Sources in Mashonaland West province said war veterans were threatening to seize land from resettled farmers if they failed to back ZANU-PF positions on the new Zimbabwean constitution in public outreach sessions

The parliamentary committee in charge of revising Zimbabwe's constitution ruled this week that liberation war veteran firebrand Jabulani Sibanda, accused of intimidating villagers in Masvingo province, should leave the province.

Parliamentary Select Committee Co-Chairman Douglas Mwonzora said ZANU-PF and both wings of the Movement for Democratic change agreed Sibanda should be ordered out in the interest of the public outreach process.

Sibanda is accused of terrorizing villagers in Bikita West to ensure they adopt positions favored by the former ruling ZANU-PF party of President Robert Mugabe. He has also been accused by MDC officials of being involved in last Friday's burning of the home of a local official of the MDC branch led by Prime Minister Morgan Tsvangirai.

Outreach meetings resumed in Masvingo on Wednesday after MDC team members ended a boycott over the alleged abuses by Sibanda. The team members accused Sibanda of threatening their supporters at a rally at Mashoko Business Center last week in addition to playing a role in the alleged home arson.

Tsvangirai MDC team leader and Zaka Central legislator Harrison Mudzuri told VOA Studio 7 reporter Jonga Kandemiiri that team members were pleased Sibanda has left the province.

Elsewhere, sources in Mashonaland West province said war veterans were threatening to seize land from resettled farmers if they failed to back ZANU-PF positions on the new constitution. The reports followed an incident in Karoi on Wednesday where sources said eight villagers were ejected from a meeting at the Cornerstone Shopping Center for expressing views on the constitution contrary to those urged upon them by war veterans.

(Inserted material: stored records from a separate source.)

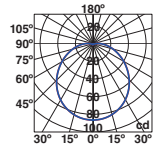

FRED

- **70663** black/negro
- **70664** white/blanco

LED SMD 7W 3000K 400lm Driver ✓

Body Polycarbonate/Polycarbonato
Diff Opal Polycarbonate/Polycarbonato Opal

IP65 IK10 100- 50/
240V 60HZ

TOM NEW

- **70665** white/blanco
- **70666** black/negro

LED SMD 7W 3000K 400lm CRI>80 Driver ✓

Body Polycarbonate/Polycarbonato
Diff Opal Polycarbonate/Polycarbonato Opal

IP65 IK10 100- 50/
240V 60HZ

SUN

- **70823** dark grey/gris oscuro

LED SMD 5W 3000K 275lm CRI>80 Driver ✓

Body Aluminium/Aluminio
Diff Opal Polycarbonate/Polycarbonato Opal

IP54 100- 50/
240V 60HZ

FRED XL NEW

- **70667** black/negro
- **70668** white/blanco

LED SMD 11W 3000K 600lm CRI>80 Driver ✓

Body Polycarbonate/Polycarbonato
Diff Opal Polycarbonate/Polycarbonato Opal

IP65 IK10 100- 50/
240V 60HZ

TOM XL NEW

- **70682** black/negro
- **70683** white/blanco

LED SMD 11W 3000K 600lm CRI>80 Driver ✓

Body Polycarbonate/Polycarbonato
Diff Opal Polycarbonate/Polycarbonato Opal

IP65 IK10 100- 50/
240V 60HZ

BACO

- **70819** grey/gris

LED SMD 6W 4000K 620lm CRI>80 Driver ✓

Body Aluminium/Aluminio
Diff Opal Polycarbonate/Polycarbonato Opal

IP54 100- 50/
240V 60HZ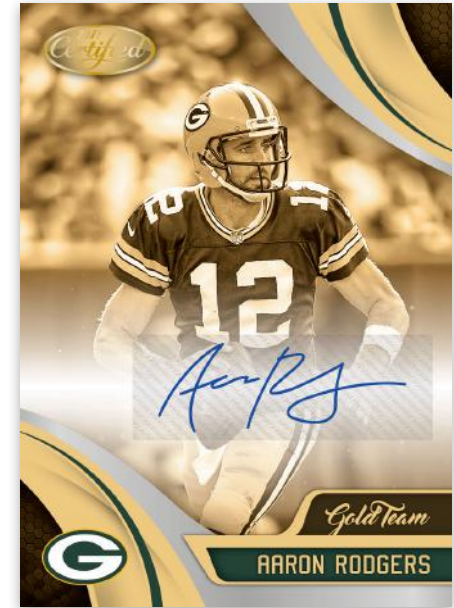

GOLD TEAM SIGNATURES

Returning for 2018, this popular autograph set increases to a 20 card checklist in 2018!
Also look for micro-etched versions!

- Gold Team Signatures - max #/d/10
- Gold Team Signatures Mirror Black - one-of-one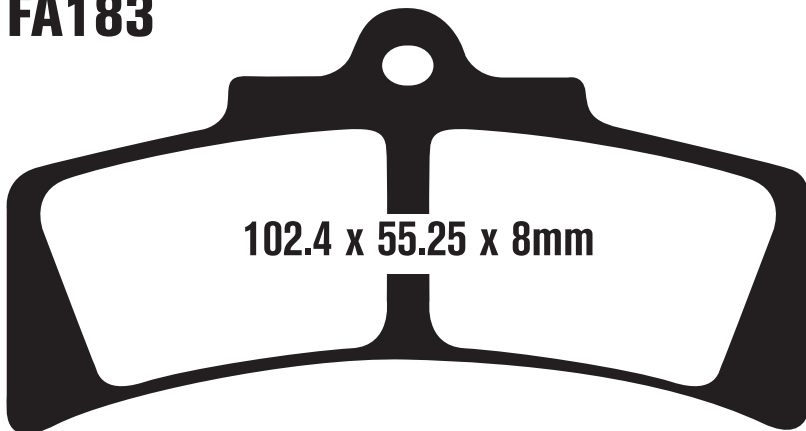

FA183

PVM AFTERMARKET CALIPER

6 Piston (old large design)

Competitor X Ref

SBS	Vesrah	Ferodo
694	VD161	FDB892

Dealer Stocking Recommendation

Single/Pair	Popularity #	Rec Stocking Level
1	-	1

STD	GFA183HH	Sintered HH Trackday & Road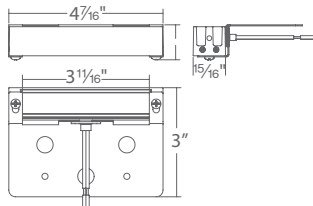

Input	Power	Brightness	Beam Angle	CRI	Color Temp	Rated Life
18"	9 - 15VAC	8.5W, 9.3VA	350lm	110°	85	2700K, 3000K	70,000 hours
12"	9 - 15VAC	7.0W, 7.6VA	230lm	110°	85	2700K, 3000K	70,000 hours
6"	9 - 15VAC	4.5W, 5.6VA	110lm	110°	85	2700K, 3000K	70,000 hours
3"	9 - 15VAC	1.5W, 2.6VA**	50lm	110°	85	2700K, 3000K**	70,000 hours

**Due to its compact size, the 7032 is dedicated in either 2700K or 3000K

**No integral brightness control for 7032 model

Transformer Required (order separately)

7032**

HARDSCAPE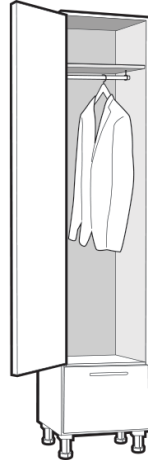

1 Door 1 Drawer Wardrobe

Comes with an adjustable rod and shelf. Door stretches on height and Drawer is fixed at 11.148"H

Width	Height	Depth
9" - 24"	60" - 86"	23.75"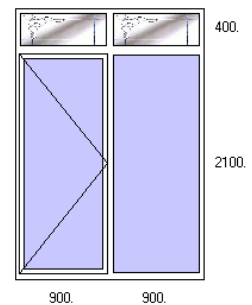

Quote No: QU0036D  
Dave Gohen  
19 Sycamore Way  
Chelsea Road  
Somewhere  
Exampleshire  
DEM 001

3. April 2006

Quotation

Product Casement, Style 045, Quantity 1, Width 1200, Height 1200, Colour Mahogany, Locking Espag, Hinges Standard, Glazing Double, Glazing Bead Internally, Unit Thickness 28mm, Glass Thickness pane 1 4mm, Glass Thickness pane 2 4mm, Glass Pattern pane 1 Clear, Glass Pattern pane 2 Clear, Glass Strength pane 1 Anealed, Glass Strength pane 2 Anealed, LowE Yes, Spacer bar White, Glass Effect RBF57 RegaLead  
Price per item £ 394.12

Product Tilt n Slide Patio, Style 298, Quantity 1, Width 1800, Height 2500, Colour White, Handles Gold, Locking Espag, Hinges Standard, Door Hinges Standard, Glazing Double, Glazing Bead Internally, Unit Thickness 28mm, Glass Thickness pane 1 4mm, Glass Thickness pane 2 4mm, Glass Pattern pane 1 Clear, Glass Pattern pane 2 Clear, Glass Strength pane 1 Anealed, Glass Strength pane 2 Anealed, LowE Yes, Spacer bar Silver, Glass Effect RBF24 RegaLead  
Price per item £ 677.94

Product TiltTurn, Style 085, Quantity 1, Width 1000, Height 1000, Colour Oak, Handles Gold, Locking Espag, Hinges Standard, Glazing Double, Glazing Bead Internally, Unit Thickness 26mm, Glass Thickness pane 1 4mm, Glass Thickness pane 2 4mm, Glass Pattern pane 1 Clear, Glass Pattern pane 2 Clear, Glass Strength pane 1 Anealed, Glass Strength pane 2 Anealed, LowE Yes, Spacer bar Silver  
Price per item £ 335.29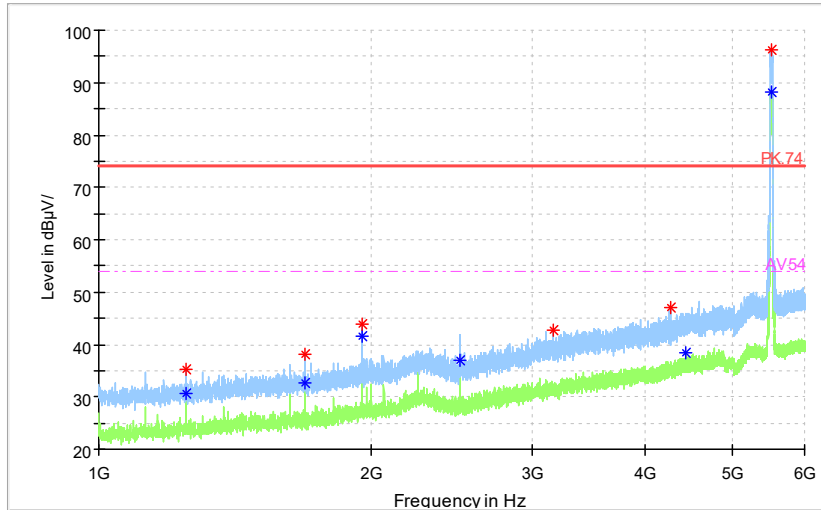

Full Spectrum

— Preview Result 2-AVG — Preview Result 1-PK+ * Critical_Freqs AVG
* Critical_Freqs PK+ — PK.74 ◆ Final_Result AVG
◆ Final_Result PK+ - - - AV54

Frequency Range: 18GHz -40GHz
Detector: Av mode and PK mode
Test Mode: 802.11ac(VHT20)

Carrier frequency (MHz): 5510
Channel No.:102

Full Spectrum

Preview Result 1-PK+ FCC PART15 Final_Result QPK

Frequency Range: 30MHz -1GHz
Detector: QP mode
Test Mode: 802.11n(HT40)

Full Spectrum

Preview Result 2-AVG Preview Result 1-PK+ Critical_Freqs AVG
Critical_Freqs PK+ PK.74 AV54
Final_Result PK+ Final_ResultAVG

Frequency Range: 1GHz -6GHz
Detector: Av mode and PK mode
Modulation type: 802.11n(HT40)

Full Spectrum

Frequency Range: 6GHz -18GHz
Detector: Av mode and PK mode
Modulation type: 802.11n(HT40)

Full Spectrum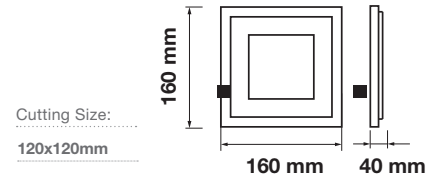

Emergency Pack: Available	LED Type: SMD	Body Type: Aluminium+Glass
Voltage/Frequency: AC:100-240V,50/60Hz	CRI: >80	Dimension: 160x160x40mm
Luminous Flux: 840lm	PF: >0.9	Box Qty: 20 Pcs
Beam Angle: 120°	Shape: Square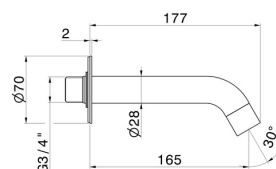

BLINK

9787.58.063

Wall spout for bath group with 3/4" connection - finish PVD Gun Metal

L=165 mm Ø70

PVD Gun Metal

FEATURES

Material
Installation

Brass
Wall mounted

TECHNICAL DRAWING

BLINK

9787.58.063

Wall spout for bath group with 3/4" connection - finish PVD Gun Metal

AVAILABLE FINISHES

58.063

PVD Gun Metal

01.014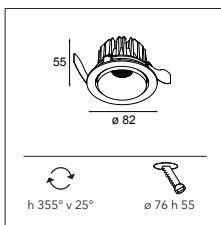

Smart kup 82 adjustable LED GE

1X LED ARRAY INCL. 9.2W

! 3500 ON REQUEST

DRIVER > SEE PRODUCT PAGE ON WEBSITE

SMART COMBINATIONS > SEE PAGES 320-329

CONNECTED > SEE GOODIES

INSTALLATION ACCESSORIES

10889830 CONBOX 190X192X130X256

12290830 GYPKIT 190X190 - Ø76

12500230 SMART RECESSED RING 82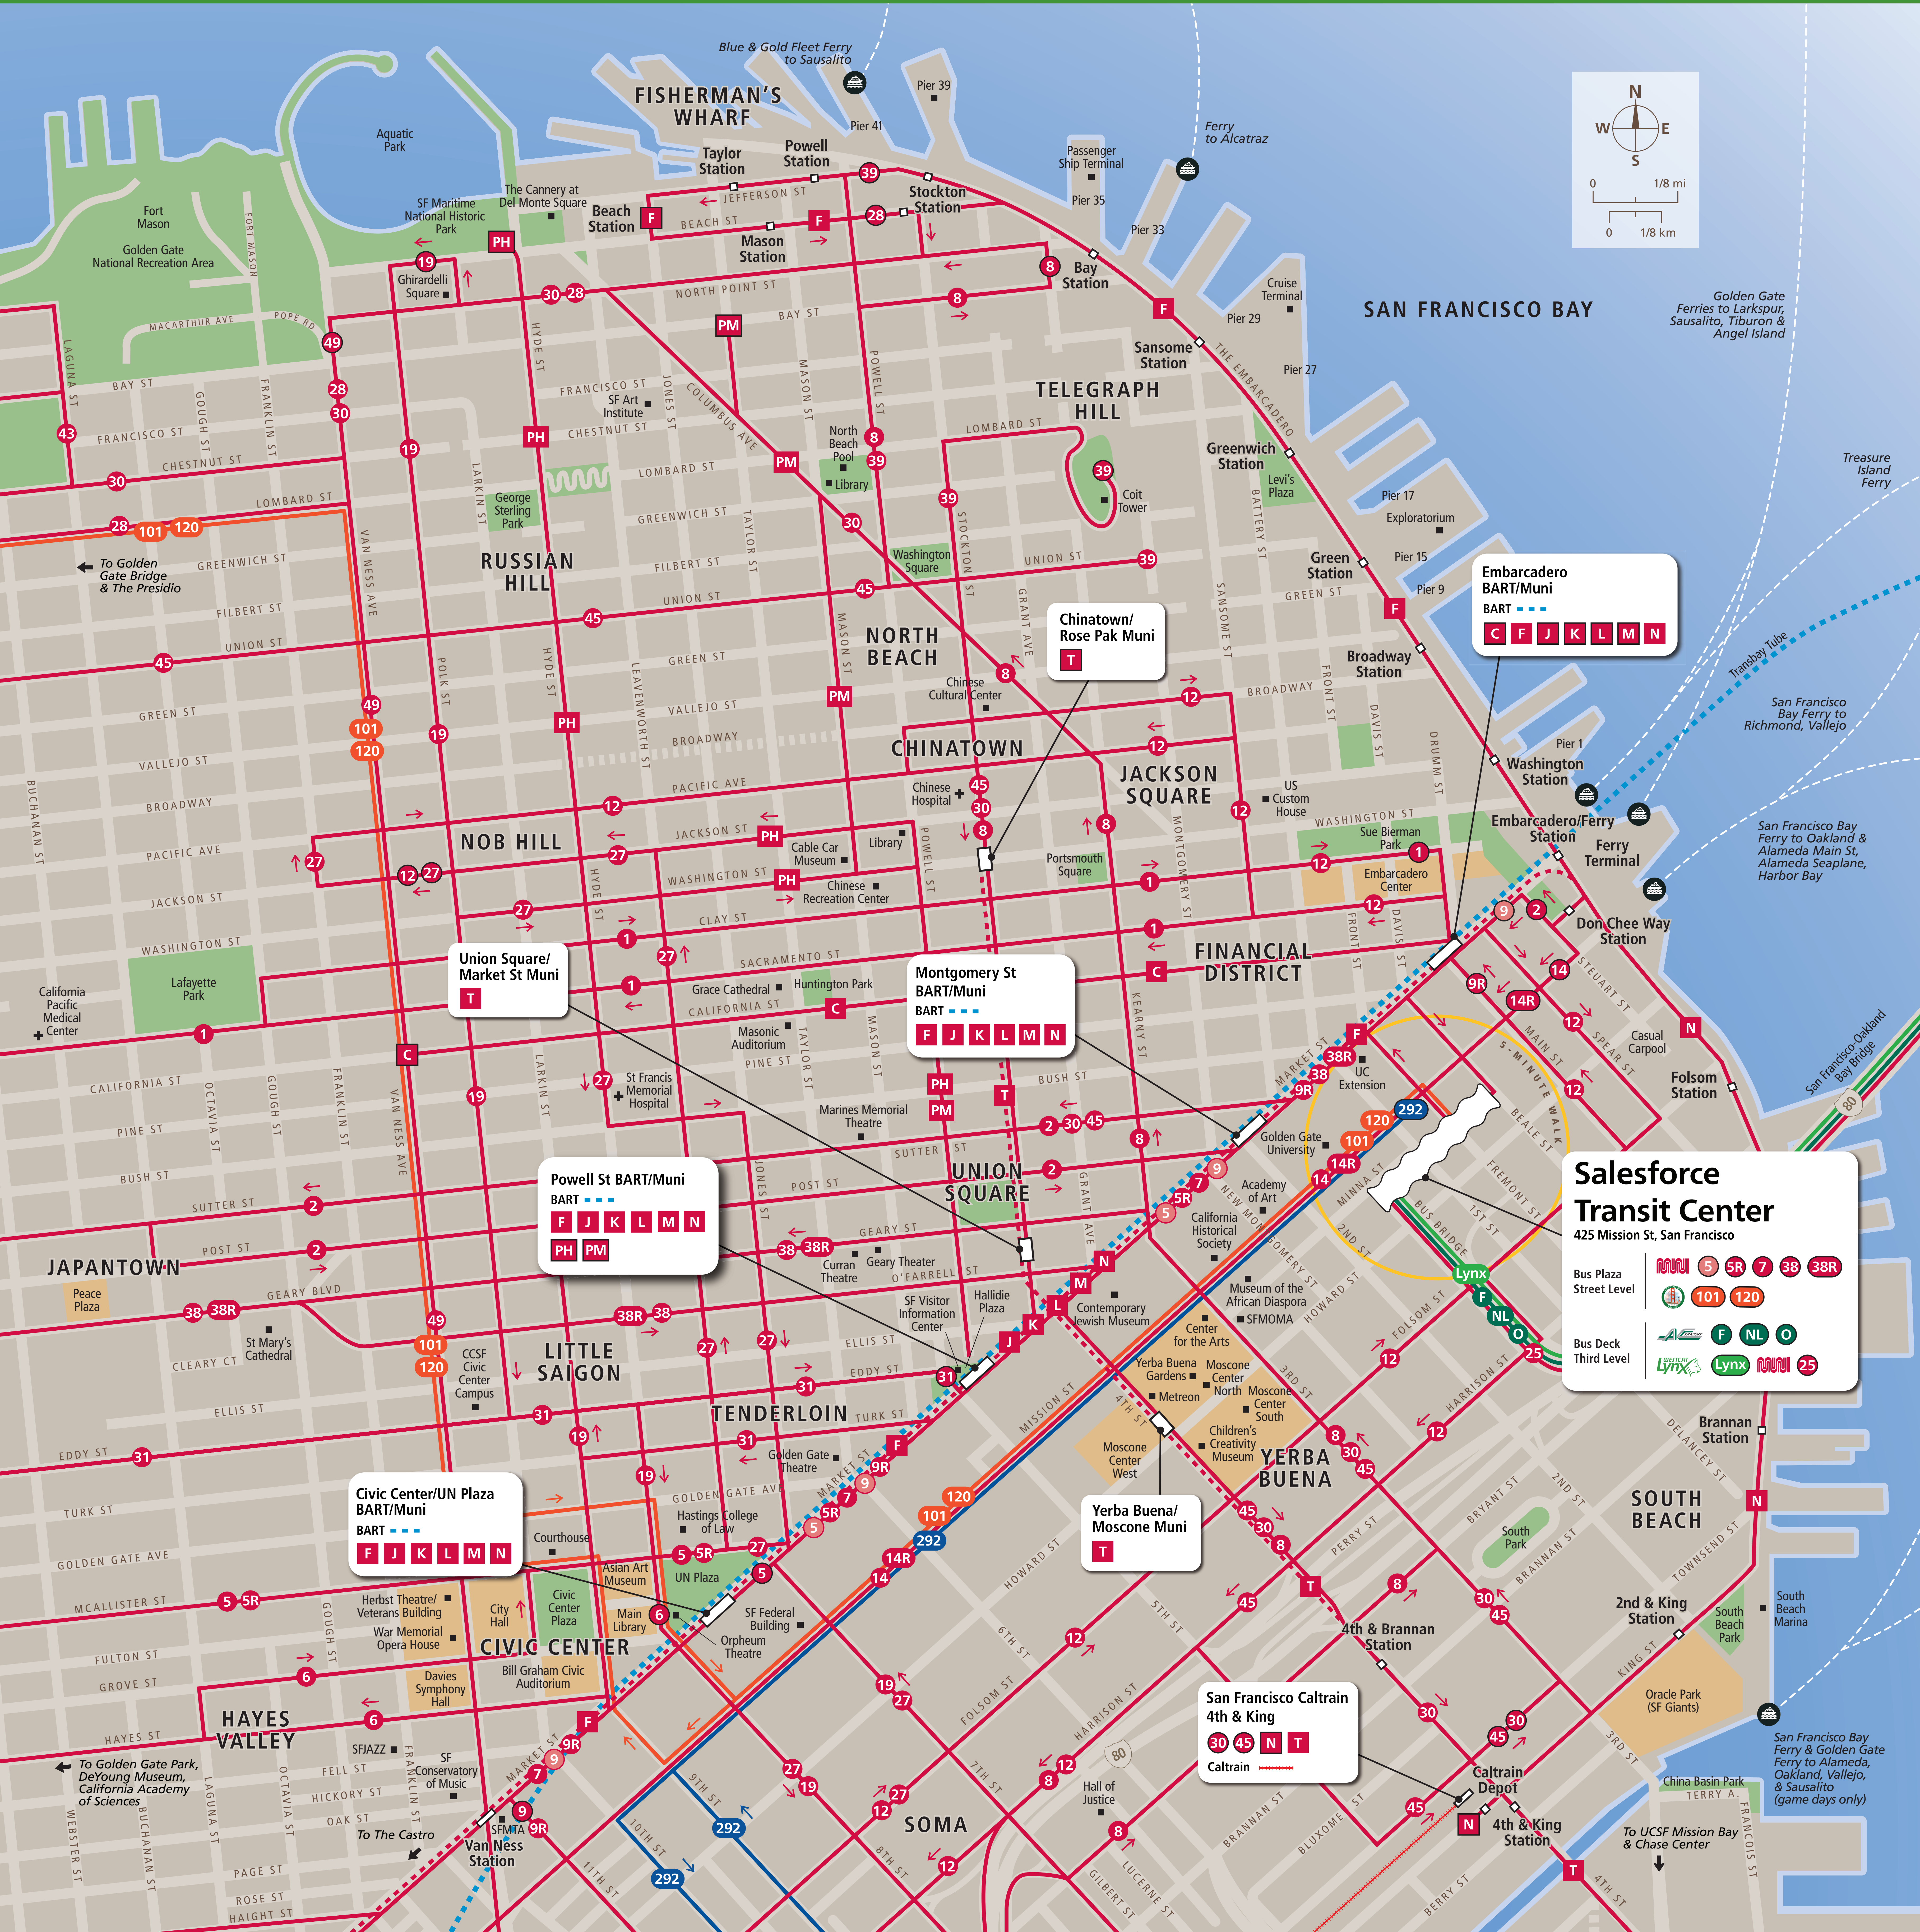

Local Transit Routes

Rutas de tránsito locales

公車路線圖

Rutang Lokal ng Transit

Transit Information

Salesforce Transit Center

San Francisco

1. **Map Key**
2. You Are Here
   - BART (underground)
   - Caltrain
   - Muni Bus
   - Early Morning, Evening, & Weekend Only Service
   - Muni Metro / Street Car / Cable Car
   - Muni (underground)
   - Golden Gate Transit
   - SamTrans
   - AC Transit
   - WestCAT
   - Route Terminus
   - Ferry Terminal

During limited hours the following lines also serve downtown San Francisco:

AC Transit: 800, FS, E, G, J, L, NX, NX3, P, V, W

Golden Gate Transit: 114, 132, 154, 172

Muni: 1X, 8AX, 8BX, 90, 91

SamTrans: 397, EPX, FCX

Soltrans: 82

Some Muni lines operate all night. Visit www.sfmta.com or call 311 for more information.

Salesforce Transit Center
425 Mission St, San Francisco

Bus Plaza	
Street Level	
Bus Deck	
Third Level	

San Francisco Caltrain
4th & King

Caltrain

Civic Center/UN Plaza
BART/Muni

Powell St BART/Muni
BART

Montgomery St
BART/Muni

Chinatown/Rose Pak
Muni

Embarcadero
BART/Muni

Call 511 | 511.org

Sponsored by the Metropolitan Transportation Commission in cooperation with AC Transit. Contact us at signcomments@bayareametro.gov.

Sources said the eight were accused of being from outside the area but only after they had voiced their opinions.

The sources said the eight people initially refused to leave the meeting but were forced to go when a commotion ensued. MDC senator and outreach team member John Mahlaba said such incidents were on the rise and that war veterans were calling morning meetings before outreach sessions to instruct people what to say.

Meetings in Mashonaland East and Central, Masvingo and Manicaland provinces failed to take place Wednesday due to fuel shortages among outreach teams. Some sources said donors failed to come up with funds on time. Committee Co-Chair Mwonzora said the meetings will pick up Thursday as the government is meeting fuel costs.